Why the two walls are one wall#
Here’s the connection. The bull case quietly assumes both things stay true: capability keeps scaling, and cost per unit of capability keeps falling — so the industry grows into that $600B. But if next-token prediction is near a ceiling, you don’t get the capability jumps that justify the spend, and you keep burning more compute to claw out smaller gains. The money wall and the math wall reinforce each other.
But can’t you just sell shovels?#
The reflexive way to play a gold rush is the line everyone repeats: don’t mine for gold — sell picks and shovels. In this rush that’s Nvidia, and it has worked spectacularly. It’s the obvious hedge, and it isn’t wrong.
But look one layer down, because this is where the cliché stops being safe. The railway and dot-com booms were picks-and-shovels stories too, and the shovel sellers did great — right up until the miners ran out of money. Shovel demand was never independent of the gold; it was a leveraged bet on the gold. Nvidia’s revenue is, ultimately, downstream of labs spending far more than they earn on the conviction that the gold is real.

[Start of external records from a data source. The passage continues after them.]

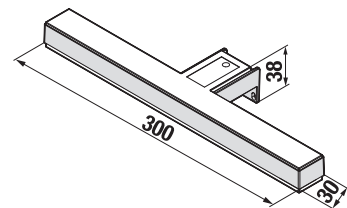

MIRRORS AND LIGHTING /

LIGHTS GEMMA, ELLA and ABI

Article number	Description
H47J730020001	Light Gemma 280, LED, IP44, 1×6W, 840 lm, 280 × 90 × 50 mm, with Multisystem adapter
H47J730120001	Light Gemma 490, LED, IP44, 1×6W, 840 lm, 494 × 112 × 14 mm, with Multisystem adapter
H47J730420001	Light Ella 300 LED, IP44, 1×6W, 600 lm, 300 × 80 × 80 mm, with Multisystem adapter
H47J730520001	Light Ella 500 LED, IP44, 1×6W, 745 lm, 500 × 80 × 80 mm, with Multisystem adapter
H47J730720001	Light Abi 300 LED, IP44, 1×6W, 598 lm, 300 × 130 × 70 mm, with Multisystem adapter

LIGHTING MOONBOX NEW

Article number	Description
H47J730320001	lighting Moonbox New, LED, IP 44, 1×8W, 510 lm, 300×25×83 mm, for mounting on glass, plate or mirror cabinet

LIGHTING HORIZON NEW

Article number	Description
H47J730220001	lighting Horizon New LED, IP 44, 1×6W, 390lm, 233×42×85 mm, for mounting on glass, plate or mirror cabinet

LIGHTING IN THE BATHROOM

Clear mirror lighting units comply with strict European standard IEC 364-7-701. RECOMMENDED: Installation of wires should be performed by an electrician.

Lighting can be mounted to **CLEAR** mirrors, as well as to any mirror glued onto a board and to mirror cabinets.

If the miners never strike it — if the capability jumps don’t arrive and the losses don’t turn — the first thing cut is next year’s shovel order.
So “sell shovels” doesn’t sidestep the question. It just restates it. The shovels are only a safe bet if the gold is real — and whether the gold is real is exactly what walls one and two are asking.
The honest counterargument#
The smartest pushback isn’t “the models will just get better.” It’s Carlota Perez’s framework, which Paul Kedrosky applies to AI capex: bubbles still build. The railway mania and the dot-com fiber glut both wiped out investors — and both left behind infrastructure (rails, dark fiber) that powered the next era. By that logic, today’s data centers, chips, and power build-out are the railroads of our age, and it barely matters if most of the companies financing them go bust.
I find this genuinely persuasive. But notice what it concedes: it agrees the bear case is probably right about the companies. It just argues the infrastructure outlives them.
Where I land#
So here’s my bet, for what it’s worth from someone who’s wrong about as often as anyone: the compute gets built and mostly stays. Most of the pure-play “AGI is imminent” companies do not survive in their current form. And the durable winners are the ones who treat today’s models as a useful-but-bounded tool rather than a religion. In practice I think that means three groups: the B2B software companies embedding AI into a narrow, verifiable workflow with a human in the loop; the teams betting on smaller, specialized models instead of one all-knowing god-model; and whoever is quietly working on the next architecture instead of only scaling this one.
That last part is the classic innovator’s dilemma: the incumbents are structurally committed to scaling the thing that’s working right now, which is exactly why they tend to miss the thing that comes next.
I came back to this blog partly to force myself to think these things through in public instead of in the shower. So tell me where I’m wrong: is the gap between the spend and the revenue just a financing detail that growth erases — or the tell of a bubble that, like every bubble before it, builds something lasting and bankrupts most of the people who built it?